The design of the MiG-17 was undertaken to correct the deficiencies that the earlier MiG-15 had at higher speeds. It was the first Soviet fighter to have an afterburning engine, the Klimov VK-1.

In 1949, the Mikoyan-Gurevich (MiG) design bureau began work on a new fighter to replace the MiG-15. Two features of the aircraft were a thinner wing of greater sweep and a redesigned tail that improved stability and handling at speeds approaching Mach 1 (speed of sound). Although similar in appearance to the MiG-15, the MiG-17 has more sharply swept wings, an afterburner, better speed and handling characteristics and is about three feet longer. The wings of the aircraft are mid-mounted, swept-back, and tapered with blunt tips. They have wide wing roots. The engine is one turbojet inside the body and has a round air intake in the nose. It has a single, small exhaust. The fuselage is short, thick, cigar-shaped and tapered to the rear. It has a blunt nose and bubble canopy. The tail fin is swept-back and tapered with rounded tip. Flats are high-mounted on the tail fin, swept-back, and tapered. Flats and fin overhang the exhaust.

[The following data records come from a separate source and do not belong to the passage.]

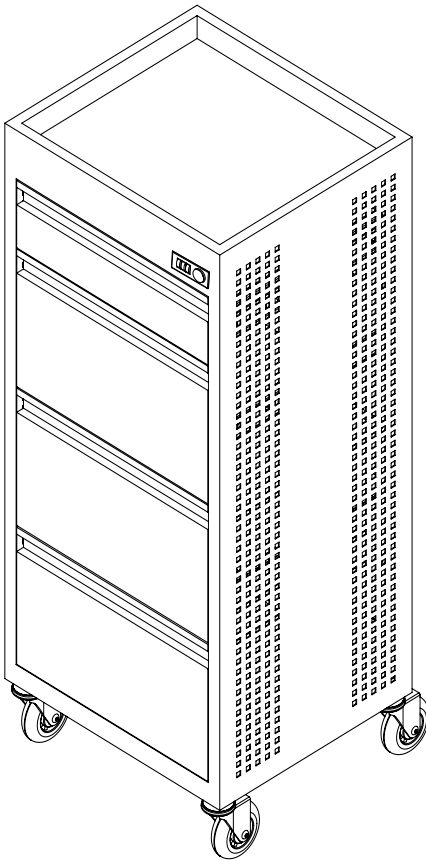

studio 4 drawer trolley

#7021

STUDIO 4 DRAWER TROLLEY

GET STARTED

STUDIO 4 Drawer Trolley

Width: 380mm / 15"

Height: 900mm / 35.4"

Depth: 340mm / 13.4"

Material: Black Metal

COMBINATION LOCK

Default Settings

The combination lock is set at 000

Turning the dial locks all the drawers

Set Up New or Reset Passcode

Open the top drawer to access the rear of the lock.

Locate the small lever at the back of the lock approximately in the middle.

**IMPORTANT:
DO NOT FORGET
NEW PASSCODE**

**IT CAN'T BE RESET
OR CHANGED WHEN
DRAWER IS LOCKED**

Once the drawer is locked, you will not be able to reset the passcode as you can not access the inside of the lock to change the passcode. Once you set your new passcode, please store in a safe place for a reminder.
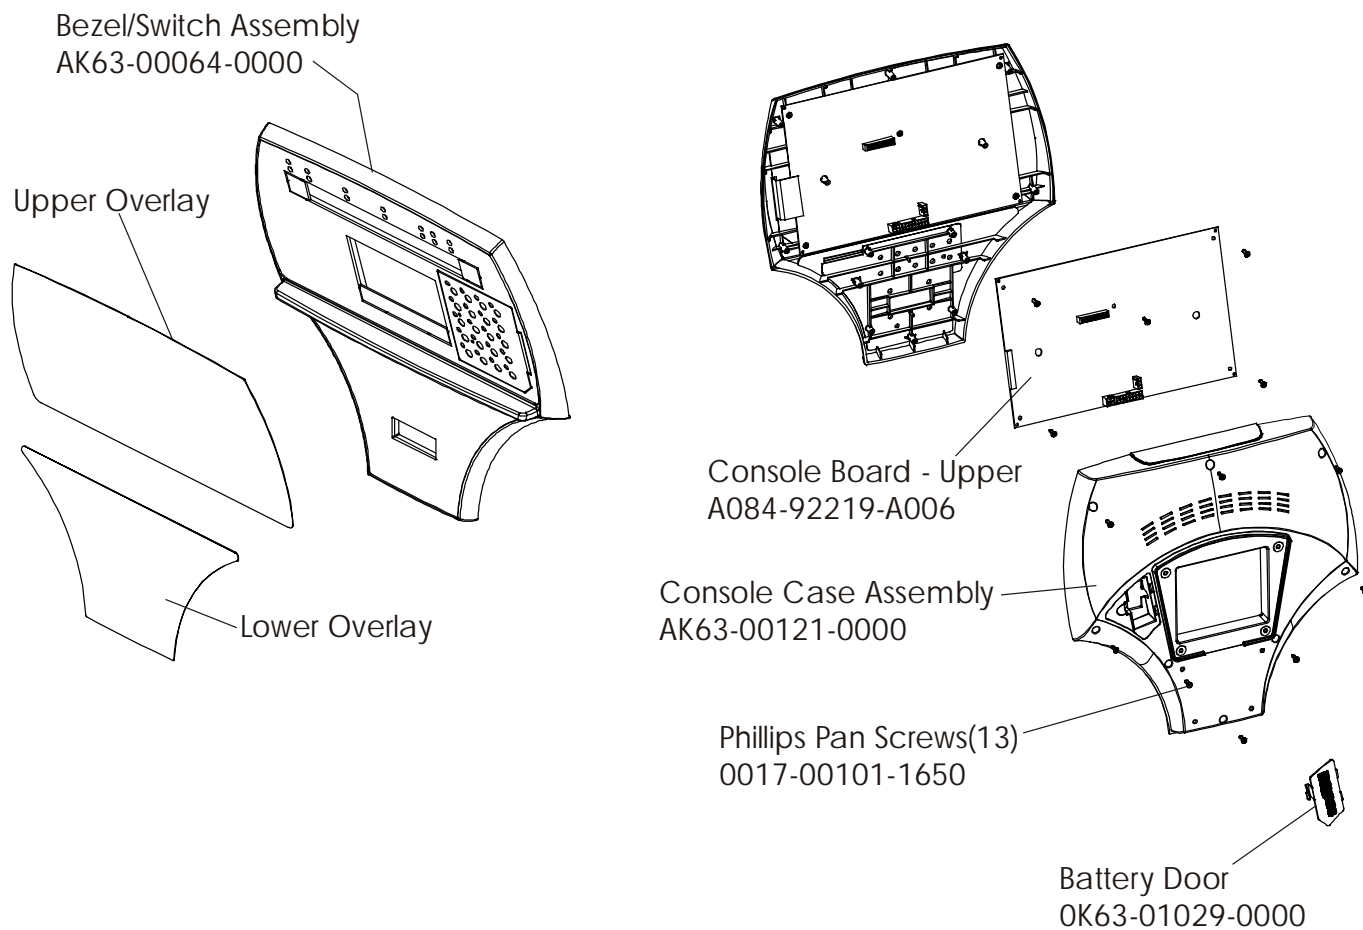

CT9500 Cross-Trainer CT95-0000-21

General Assembly

Service Manual M051-00K61-XXXX
Operator Manual M051-00K61-A064
Installation Instructions M051-00K61-A045
Hardware Kit AK61-00040-0000
Optional: Chest Strap
AK40-00045-0002 Medium
AK40-00045-0003 Small
AK40-00045-0004 Large

CT9500 Cross-Trainer CT95-0000-21

Drive Belts and Alternator

CT9500 Cross-Trainer CT95-0000-21

Console Support Assembly *Optional

CT9500 Cross-Trainer CT95-0000-21

Console Assembly

| Language | Console Assembly | Bezel, Switch, Overlay | Upper Overlay | Lower Overlay |
|----------|------------------|------------------------|-----------------|-----------------|
| Eng/Met | AK61-00111-0001 | AK61-00113-0001 | 0k61-01277-0001 | 0k61-01311-0001 |
| Ger/Eur | AK61-00111-0003 | AK61-00113-0003 | 0k61-01277-0003 | 0k61-01311-0003 |
| Spn/Eur | AK61-00111-0004 | AK61-00113-0004 | 0k61-01277-0004 | 0k61-01311-0004 |
| Jap/Met | AK61-00111-0006 | AK61-00113-0006 | 0k61-01277-0006 | 0k61-01311-0006 |
| Frn/Eur | AK61-00111-0007 | AK61-00113-0007 | 0k61-01277-0007 | 0k61-01311-0007 |
| Itl/Eur | AK61-00111-0008 | AK61-00113-0008 | 0k61-01277-0008 | 0k61-01311-0008 |
| Dut/Eur | AK61-00111-0009 | AK61-00113-0009 | 0k61-01277-0009 | 0k61-01311-0009 |
| Por/Eur | AK61-00111-0010 | AK61-00113-0010 | 0k61-01277-0010 | 0k61-01311-0010 |
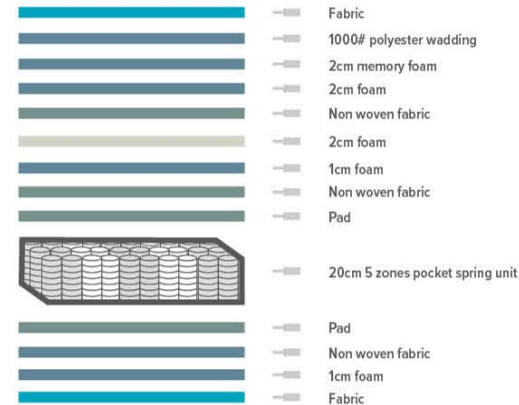

Model: RSP-ML1

Size (cm)	40HQ (pcs)
90x190x28	840
100x190x28	770
107x203x28	700
120x200x28	630
137x190x28	560
140x190x28	560
153x203x28	490
160x190x28	490
160x200x28	490
183x203x28	420
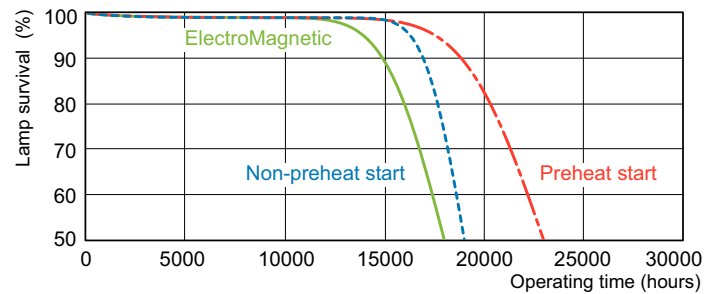

Life Expectancy Diagram - MASTER TL-D Super 80 36W/865 1SL/25
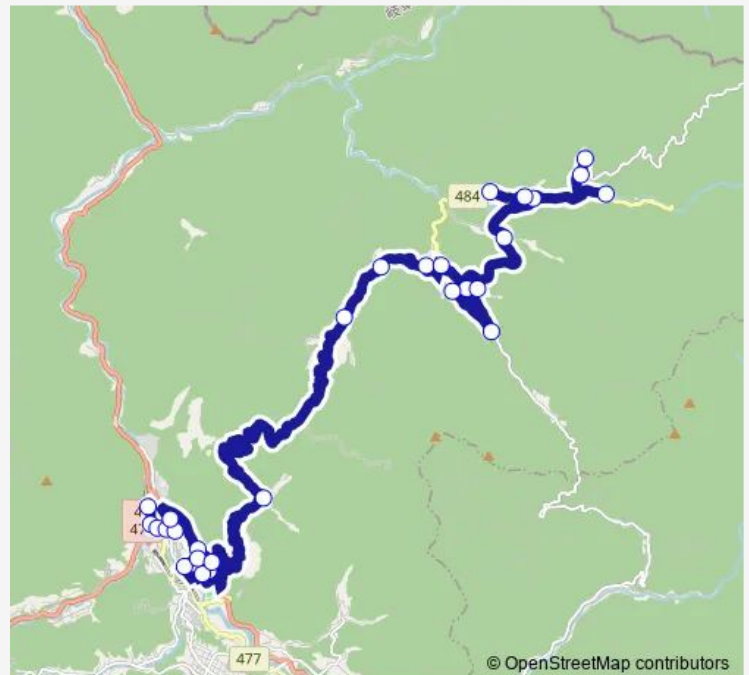

旭ヶ丘

Route schedule

和佐府橋 — 濃飛バス神岡営業所

Monday	06:56
Tuesday	06:56
Wednesday	06:56
Thursday	06:56
Friday	06:56
Saturday	08:01
Sunday	08:01

Route info

Direction: 和佐府橋

Stops: 28

Trip Duration: 1 hour 22 min

Friday 11:39-16:39

Saturday 11:09-16:39

Sunday 11:09-16:39

Route info

Direction: 濃飛バス神岡営業所

Stops: 28

Trip Duration: 1 hour 26 min

和佐府
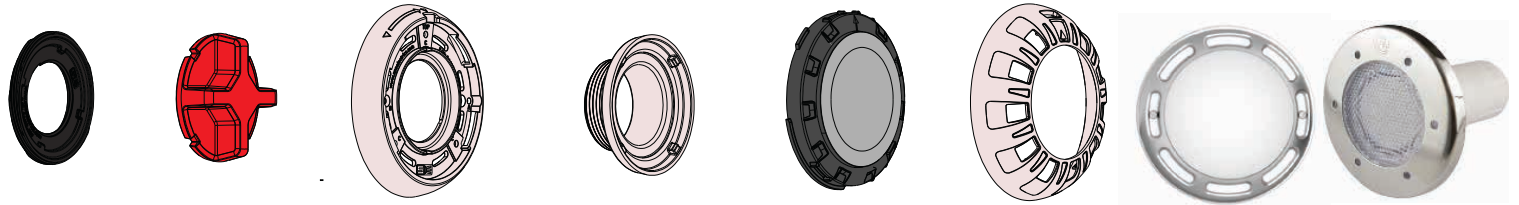

AGRX R2

UNIVERSAL MINI-NICHE LIGHT

AQUA DE LIGHT (USE SUPPLIED PARTS + AGRX-002)

Suitable for Concrete & Fibreglass

AUTUMN SOLAR SMALL NICHE (USE SUPPLIED PARTS + AGRX-002)

AGRX 002 **Order Separately**
(3mm O'RING)

Suitable for Fibreglass

Use existing screws- Location C-C-C on R2 Adapter Plate

LUMASCAPE (USE SUPPLIED PARTS)

Suitable for Concrete

+ SCREW M4 X 40

Use M4 x 20 screws provided

PAL EVENGLOW CONCRETE (USE SUPPLIED PARTS)

Suitable for Concrete

Use existing screws- Location A-A on R2 Adapter Plate

PAL 2000/BELSON CONCRETE & FIBREGLASS (USE SUPPLIED PARTS)

Suitable for Concrete & Fibreglass

PAL EVENGLOW FIBREGLASS (USE SUPPLIED PARTS)

SAVI (USE SUPPLIED PARTS)

Suitable for Concrete

SPA ELECTRICS EMC/EMF (USE SUPPLIED PARTS)

Suitable for Concrete & Fibreglass

SPA ELECTRICS EMV (USE SUPPLIED PARTS + AGRX-002)

Suitable for Vinyl

AGRX 002 Order Separately
(2mm O'RING)
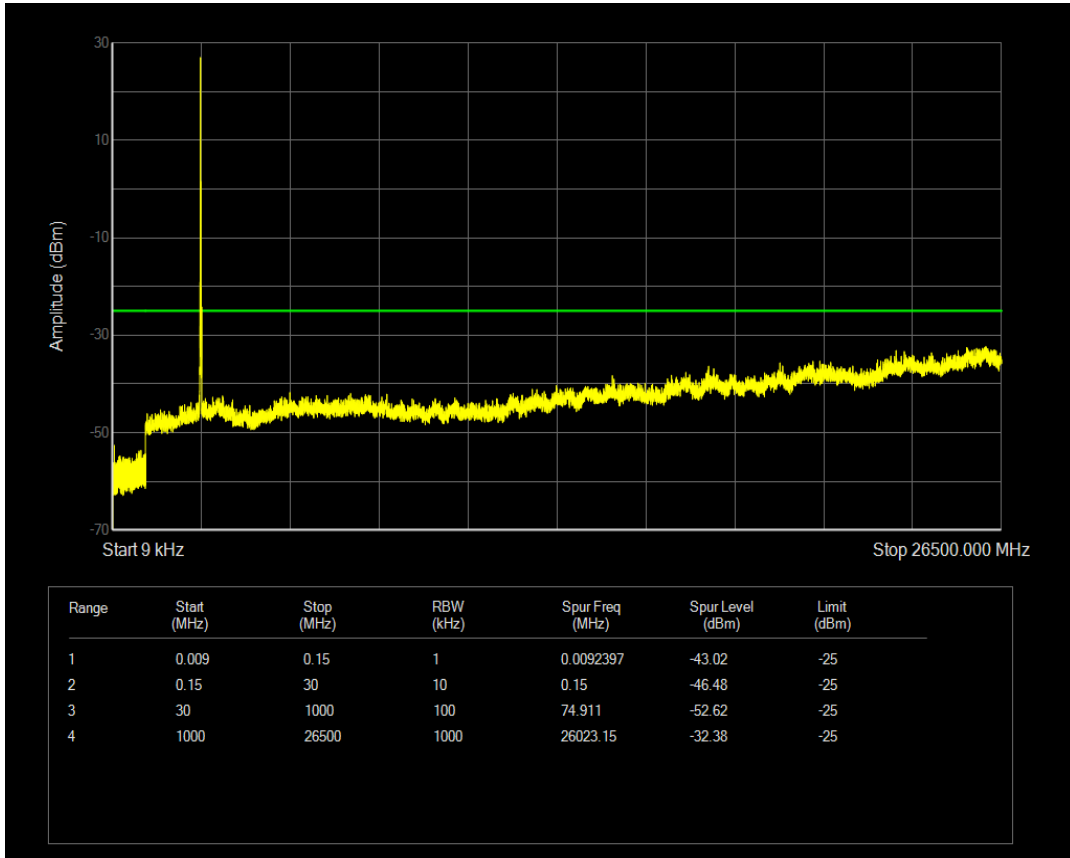

Band41 QAM16 BW=20MHz Channel=41140 RB Size=1 Position=#0

Band41 QAM16 BW=20MHz Channel=41140 RB Size=100 Position=#0
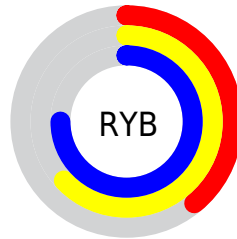

- Red (39%)
- Yellow (63%)
- Blue (75%)
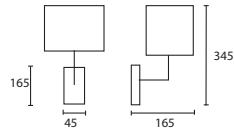

Opposite page
BALTHUS CHROME with 10"
Rectangle Pewter silk Gold pvc
lining
M/BAL/01/C 10SR/SPE/GL

This page
A BRAQUE CHROME with 10"
Rectangle Antique Gold silk Gold
pvc lining
M/BRQ/03/C 10SR/SAG/GL

B MONDRIAN with 10" Rectangle
Oyster linen Gold pvc lining
M/MON/03W/C 10SR/LOY/GL

A

B

C BRAQUE DOUBLE ARM CHROME
with 14" Rectangle Fig silk Gold pvc
lining
M/BRQ/04D/C 14SR/DBF/SFIG/GL

NOTES

All lampshades are lined in white pvc unless otherwise stated.

All our lamps will accept either Compact Fluorescent (CFL) or energy saving Halogen light bulbs, see page 222.

All Wall Lights shown on this page have E14 lamp holders.

ENQUIRIES:

Tel: +44 (0) 1732 350450

Email: sales@heathfield.co.uk
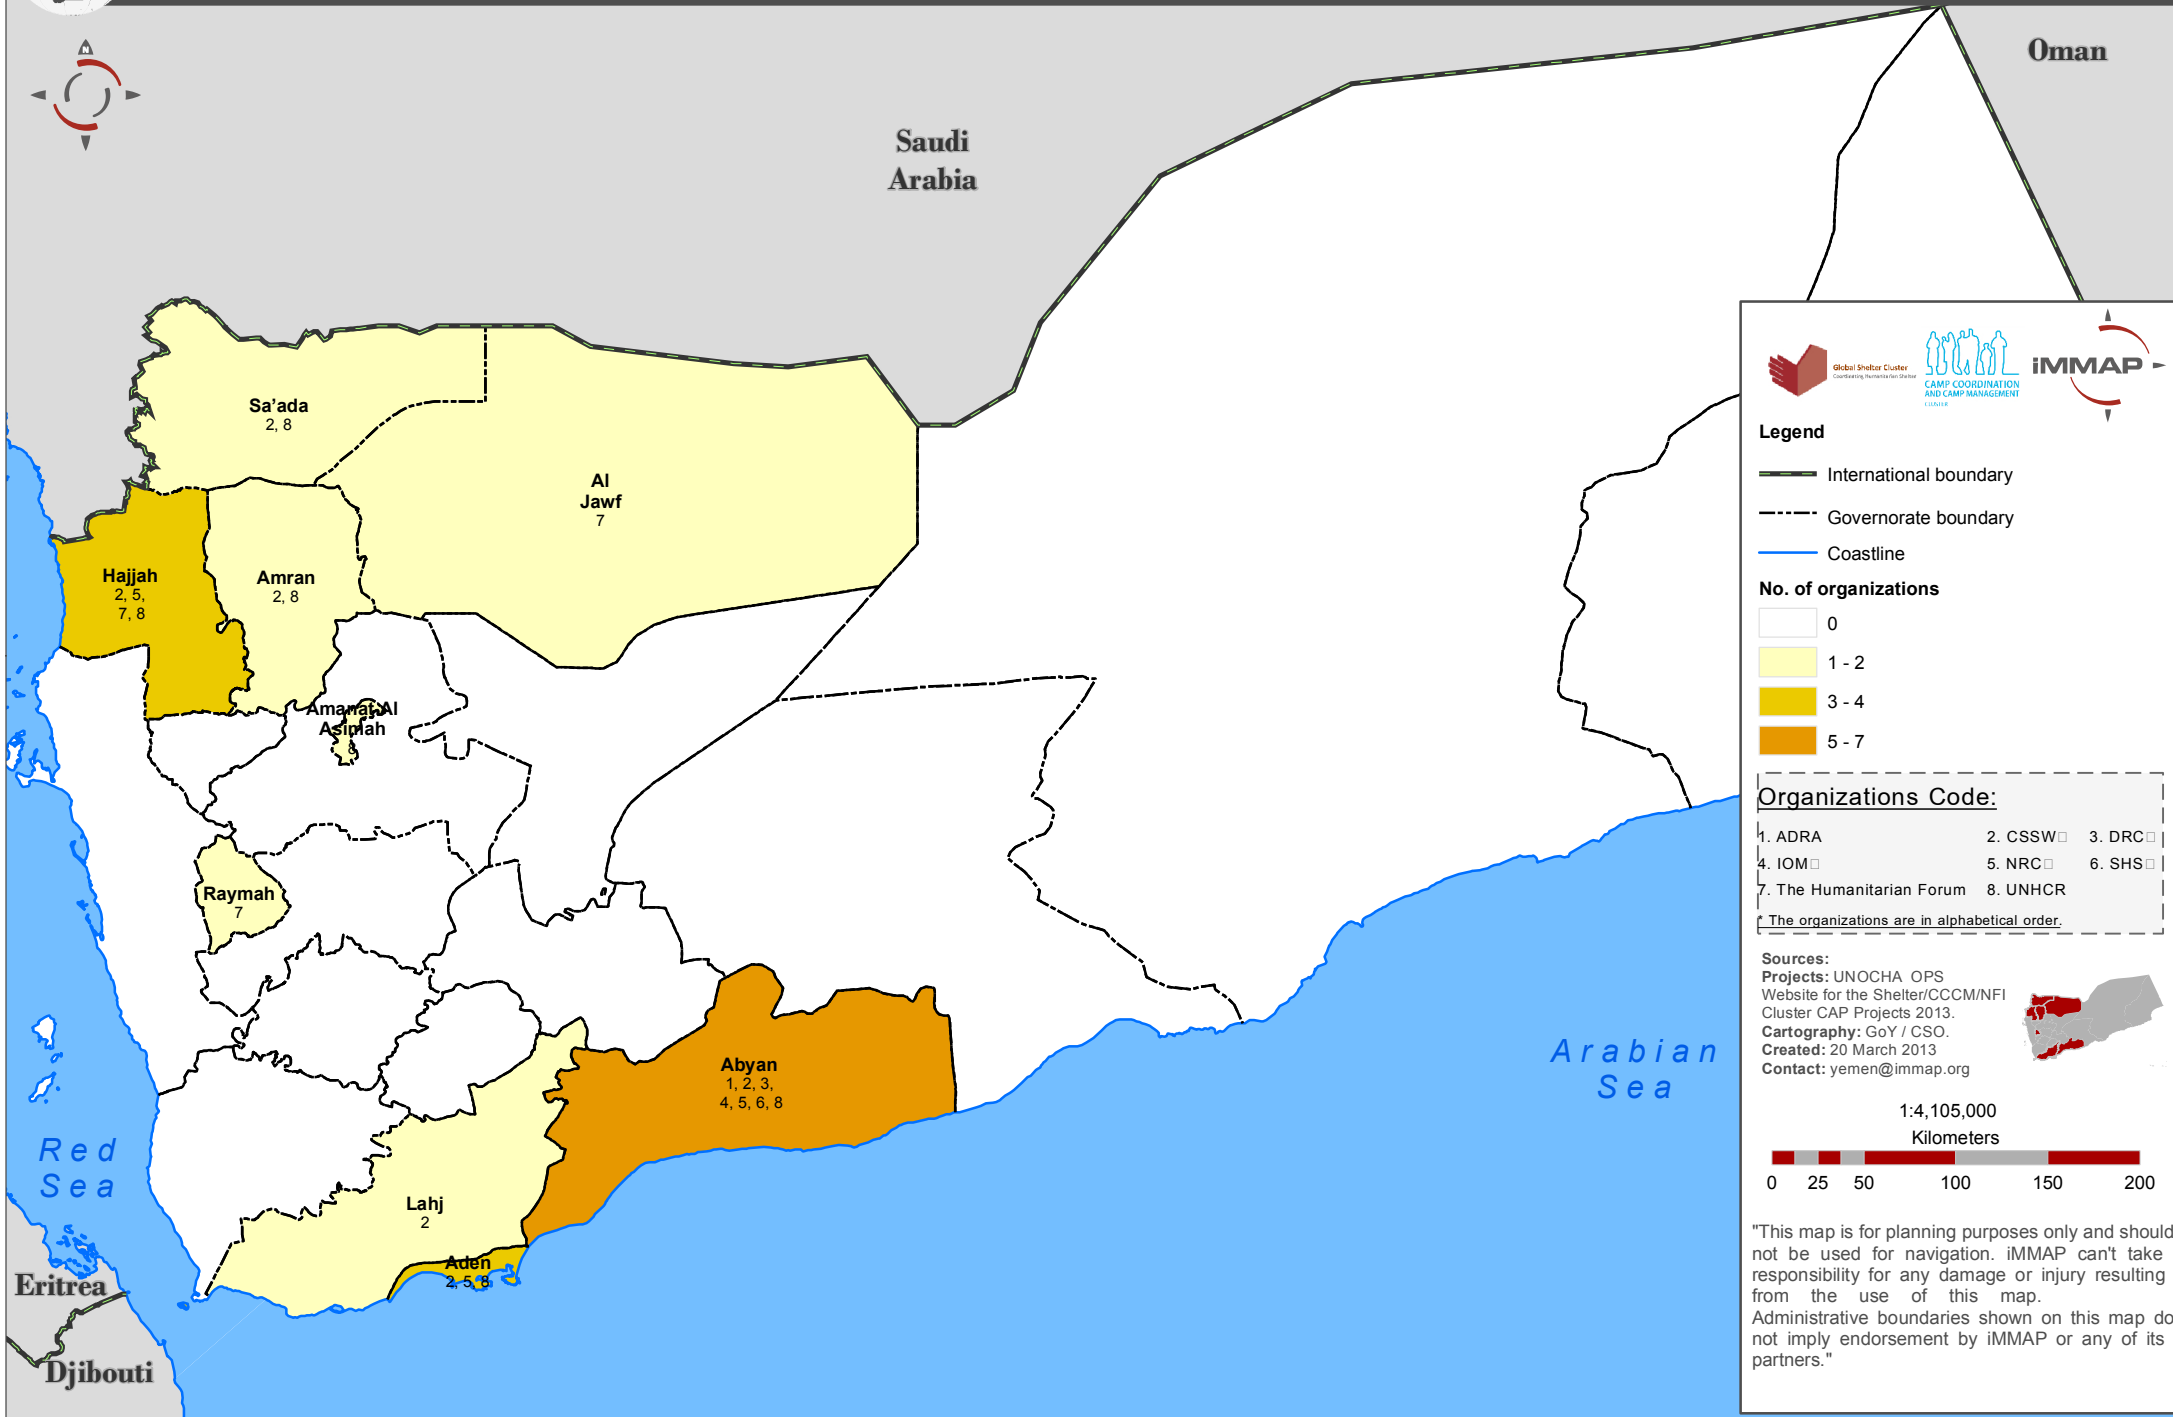

Yemen: Shelter/CCCM/NFI Cluster CAP Projects for 2013 - Governorate Level

Global Shelter Cluster
Coordinating Humanitarian Cluster

IMMAP
CAMP COORDINATION
AND CAMP MANAGEMENT
CLUSTER

Legend

- International boundary
- Governorate boundary
- Coastline

No. of organizations

- 0
- 1 - 2
- 3 - 4
- 5 - 7

Organizations Code:

1. ADRA	2. CSSW	3. DRC
4. IOM	5. NRC	6. SHS
7. The Humanitarian Forum	8. UNHCR	

* The organizations are in alphabetical order.

Sources: UNOCHA OPS
Projects: Website for the Shelter/CCCM/NFI Cluster CAP Projects 2013.
Cartography: GoY / CSO.
Created: 20 March 2013
Contact: yemen@immap.org

1:4,105,000
Kilometers

"This map is for planning purposes only and should not be used for navigation. IMMAP can't take responsibility for any damage or injury resulting from the use of this map. Administrative boundaries shown on this map do not imply endorsement by IMMAP or any of its partners."

The prototype MiG-17 (NATO code name Fresco) first flew in January 1950 and was reported to have exceeded Mach 1 in level flight. Production began in late 1951, but the aircraft were not available in sufficient quantities to take part in the Korean War. Deliveries to the Soviet Air Force began in 1952. Five versions of the aircraft eventually were produced. Early production MiG-17s were fitted with the VK-1 engine, a Soviet copy of the Rolls-Royce Nene. The VK-1F, an improved version with a simple afterburner and variable nozzle, was developed for the main production version, the MiG-17F (Fresco C). In 1955 the radar equipped MiG-17PF (Fresco D) entered service as a limited all-weather interceptor. The MiG-17PFU was armed with four AA-1 "Alkali" radar-guided missiles, making it the Soviet Union's first missile armed interceptor. Even though it was considered obsolete by the mid-1960s, the MiG-17 gave a good account over Vietnam, being flown by most of the top North Vietnamese pilots, including the leading ace, Colonel Tomb.

The MiG-17 served with nearly 30 air forces worldwide, including the Soviet Union, Warsaw Pact countries, China, Afghanistan, North Korea, Sri Lanka, Syria, Morocco, Cuba, Indonesia, and Cambodia. Though smaller than the USAF F-86 Sabre of Korean War fame, its weight and performance favorably compared to that aircraft. Soviet production of the MiG-17 ended in 1958 with over 6,000 produced. It continued to be built under license in Poland as the Lim-5P and in China as the J-5/F-4. China's first reproduced jet fighter plane, the J-5, successfully flew in Shenyang for the first time on 19 July 1956, and General Nie Rongzhen went in person to Shenyang to offer congratulations.